What is expected: Identify and pull out each line of the entries in which "Minimum" occurs.
(Material for this exercise Opens)
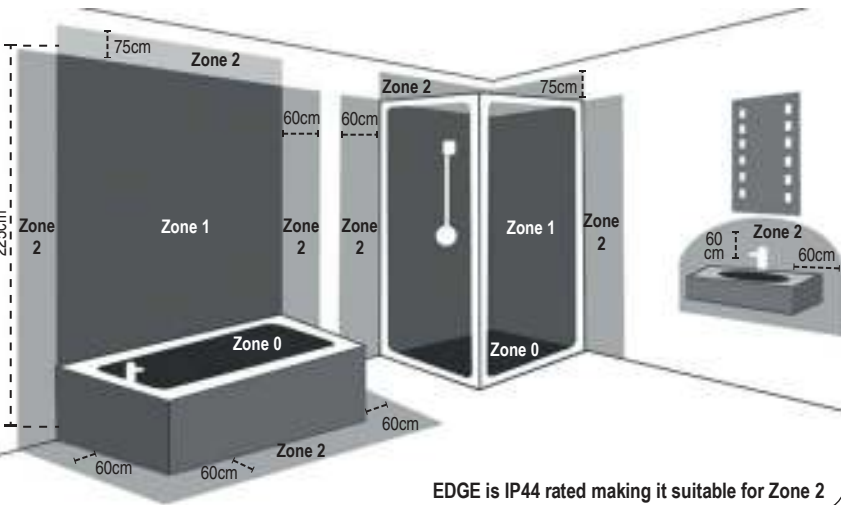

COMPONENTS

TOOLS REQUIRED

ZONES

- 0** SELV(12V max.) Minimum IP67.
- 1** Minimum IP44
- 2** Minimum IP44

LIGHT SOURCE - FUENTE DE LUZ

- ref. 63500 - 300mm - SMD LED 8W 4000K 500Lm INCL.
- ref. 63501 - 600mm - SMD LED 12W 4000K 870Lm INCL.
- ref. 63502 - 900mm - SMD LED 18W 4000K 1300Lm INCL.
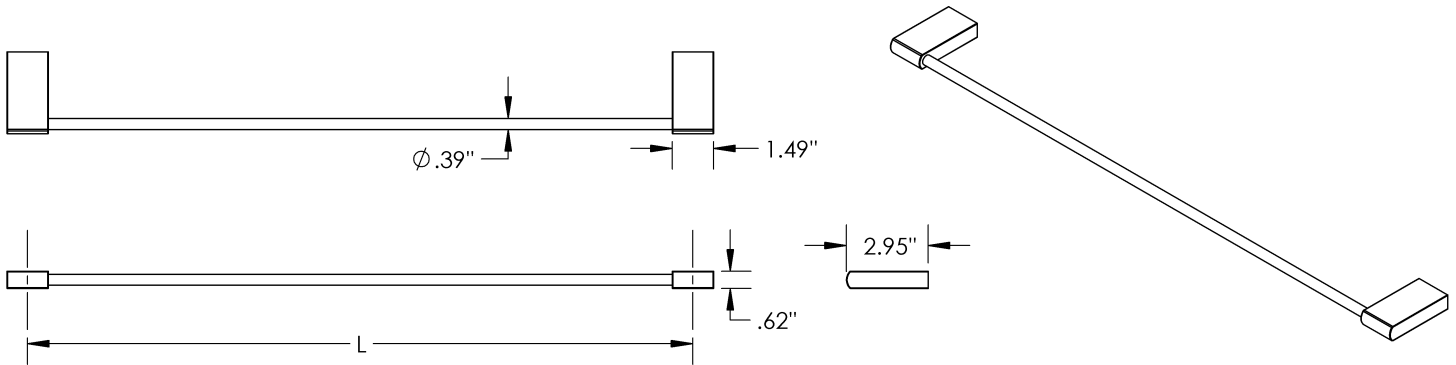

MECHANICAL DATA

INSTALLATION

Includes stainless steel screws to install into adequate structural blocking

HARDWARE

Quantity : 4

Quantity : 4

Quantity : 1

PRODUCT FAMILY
(Material for this exercise Closes)
(Material for this exercise Opens)
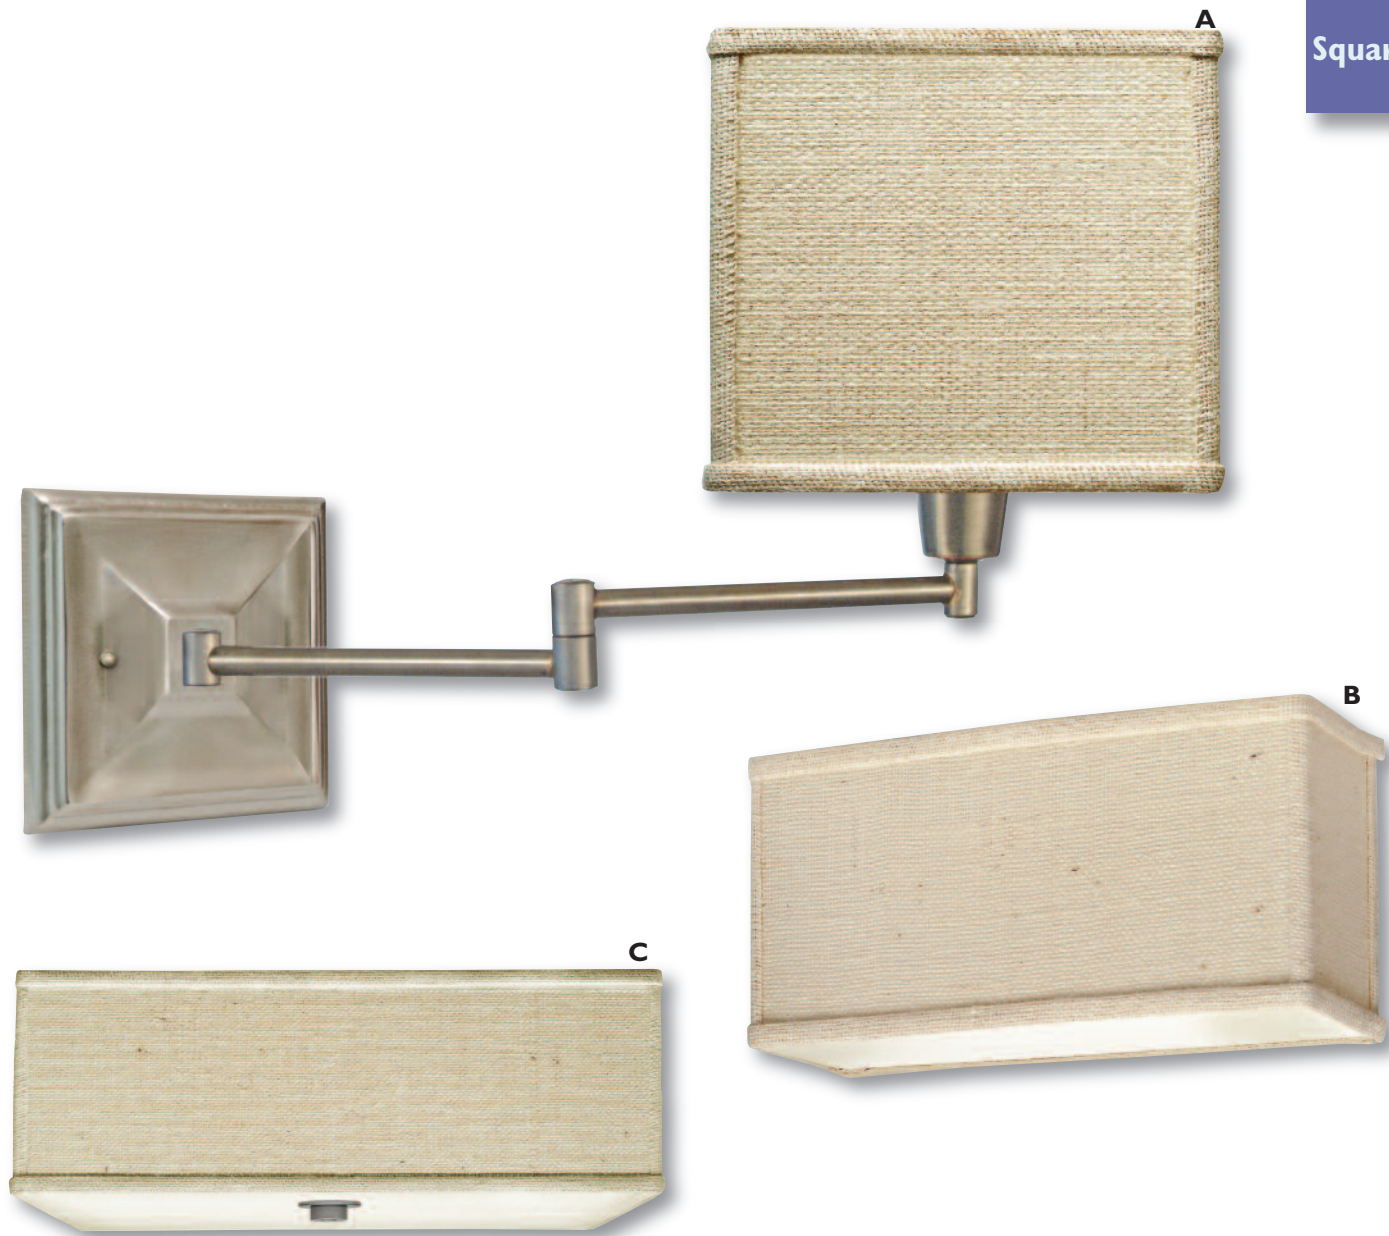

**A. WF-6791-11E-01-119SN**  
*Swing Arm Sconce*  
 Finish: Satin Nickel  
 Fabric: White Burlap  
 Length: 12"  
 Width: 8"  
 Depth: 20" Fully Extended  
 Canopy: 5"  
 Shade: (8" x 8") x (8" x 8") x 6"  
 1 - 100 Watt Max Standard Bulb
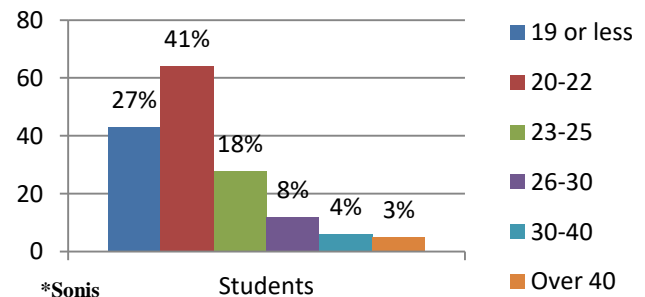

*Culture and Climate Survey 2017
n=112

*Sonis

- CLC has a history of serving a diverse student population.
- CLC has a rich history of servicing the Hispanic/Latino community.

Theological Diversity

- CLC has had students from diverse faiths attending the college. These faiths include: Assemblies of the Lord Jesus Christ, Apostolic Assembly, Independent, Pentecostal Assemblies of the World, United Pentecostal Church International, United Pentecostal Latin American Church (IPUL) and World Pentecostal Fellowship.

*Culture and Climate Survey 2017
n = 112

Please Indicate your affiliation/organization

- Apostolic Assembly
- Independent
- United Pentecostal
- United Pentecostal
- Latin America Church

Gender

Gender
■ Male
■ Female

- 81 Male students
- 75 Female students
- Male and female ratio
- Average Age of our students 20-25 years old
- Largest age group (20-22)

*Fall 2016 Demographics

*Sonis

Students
(Material for this exercise Closes)
Answer for the task:
- 0** SELV(12V max.) Minimum IP67.
- 1** Minimum IP44
- 2** Minimum IP44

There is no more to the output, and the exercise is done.